(Stored items from a collection)
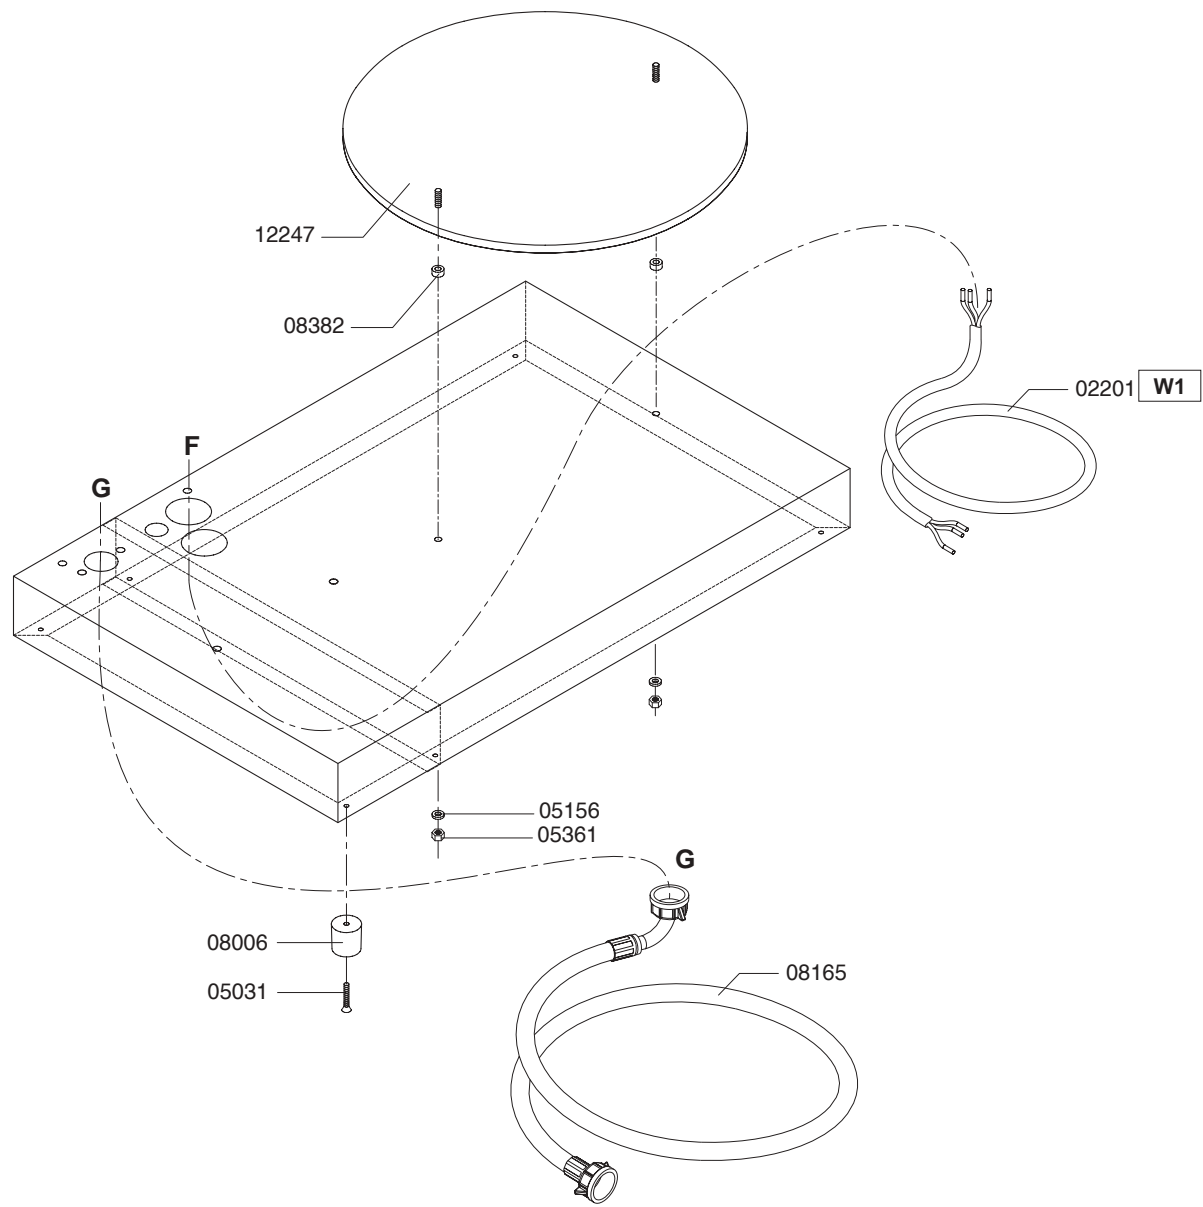

Type : FC GL 1x5 - 230V	From mach.nr. : 2L13970	Page : 1-5	Drawer : A.V.
Artikel : 10172	Date : 07/02	Rev. : 1 02-07-02	Date : 28-05-01
Rated voltage : 1N~ 230V 50Hz 3400W	Spare Parts Info	***** Animo ***** Assen - Holland	

Type : FC GL 1x5 - 230V	From mach.nr. : 2L13970	Page : 2-5	Drawer : A.V.
Artikel : 10172	Date : 07/02	Rev. : 1 02-07-02	Date : 28-05-01
Rated voltage : 1N~ 230V 50Hz 3400W	Spare Parts Info	***** Animo ***** Assen - Holland	

Type : FC GL 1x5 - 230V

Artikel : 10172

From mach.nr. : 2L13970

Date : 07/02

Page : 3-5

Rev. : 1 02-07-02

Drawer : A.V.

Date : 28-05-01
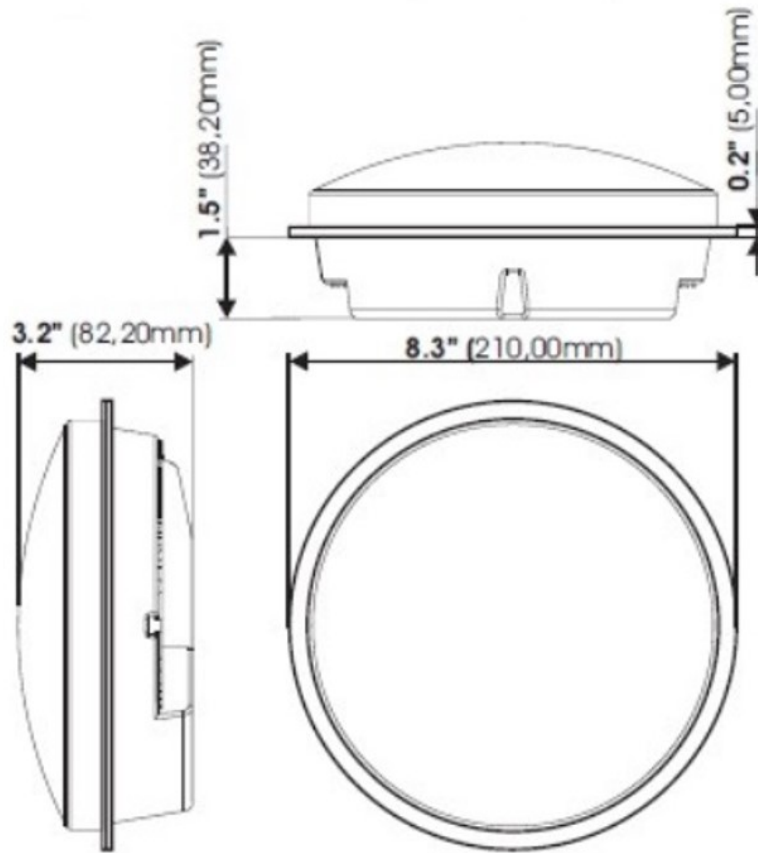

### ASPECTO ROJO C/ FRESNEL 200MM - 12Vdc

Imagen

Código de Barras

\*2000005404\*

Códigos

Código del Item: 2000005404

Código Anterior: -

Fechas
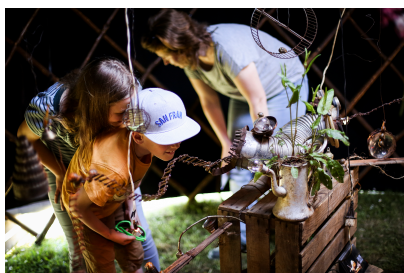

Curios Production

curiosproduction.com/

6, rue Saint Domingue, 44200 Nantes, France

Présentation

Curios est une association qui accompagne des créations artistiques pour l'espace public, là où l'art est partout et pour tous.

Liste des spectacles de la compagnie

Slow Park

Avez-vous déjà vu un escargot se réveiller sous une délicate douche d'eau fraîche ? Observé un escargot trapéziste se lancer dans son échauffement...
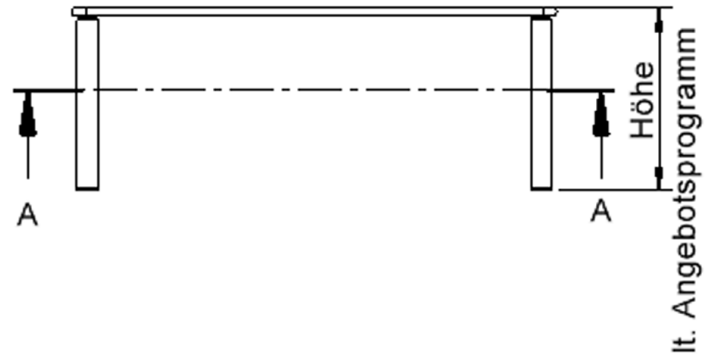

Rechteckige Tischplatte: 120 x 80 cm, Tischhöhe 41 cm, Tischbeine aus Massivholz Ø 60 mm. Die Holzoberfläche ist mehrfach lackiert. Der Tisch ist mit der Tischfußvariante "Stellfuß" zum Ausgleich von Bodenunebenheiten ausgestattet.

EIGENSCHAFTEN

- ZALOTTI - der ZA-rgenLO-se TI-sch
- rechteckige Tischplatte, 4 verschiedene Größen
- abgerundete Ecken
- Tischplatte beidseitig mit HPL beschichtet - für Oberseite Farben, Dekore wählbar
- Schichtstoffbelag / HPL-Belag, 0,8 mm
- Trägerplatte mehrfach verleimtes Multiplex Echtholz, 18 mm stark
- ballig gerundete Tischkanten, feuchtigkeitsabweisend
- runde Tischbeine Ø 60 mm
- Tischausführung in 8 Höhen lieferbar
- Tischbeine aus Buche-Massivholz
- regulierbarer Stellfuß zum Bodenausgleich

Zubehör

Freistehend

Artikelnummer	TIX6RE1280H1	
Breite / Höhe / Tiefe	1200 mm / 410 mm / 800 mm	47.2" / 16.1" / 31.5"
Montageart	Freistehend	
Einsatzbereich	Krippe, Kindergarten	
Zertifizierung	2 Jahre Gewährleistung	
Eigenschaften	trocken abwischbar	
Material	Holz, Schichtstoffplatte, Sperrholz/Multiplex	
Form	Rechteckig	
Produktlinie	Zalotti

**WHAT THE EXERCISE ASKS**
Across the data, pull every line containing the string "Freistehend".

**WRITTEN SOLUTION**
Freistehend
Montageart	Freistehend	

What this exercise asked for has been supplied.